(Extracted data entries)
###

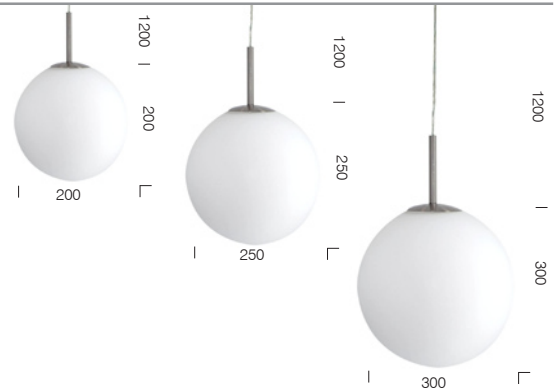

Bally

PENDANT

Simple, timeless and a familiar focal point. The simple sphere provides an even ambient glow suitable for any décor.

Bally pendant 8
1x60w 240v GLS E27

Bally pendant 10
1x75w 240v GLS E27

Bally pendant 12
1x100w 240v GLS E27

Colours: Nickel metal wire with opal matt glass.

###

▸ **Activity**: Word for word, restate the lines running from the one containing "Bally pendant 8" through the final line of the records above, and nothing besides.

▸ **Written reply**:
Bally pendant 8
1x60w 240v GLS E27

Bally pendant 10
1x75w 240v GLS E27

Bally pendant 12
1x100w 240v GLS E27

Colours: Nickel metal wire with opal matt glass.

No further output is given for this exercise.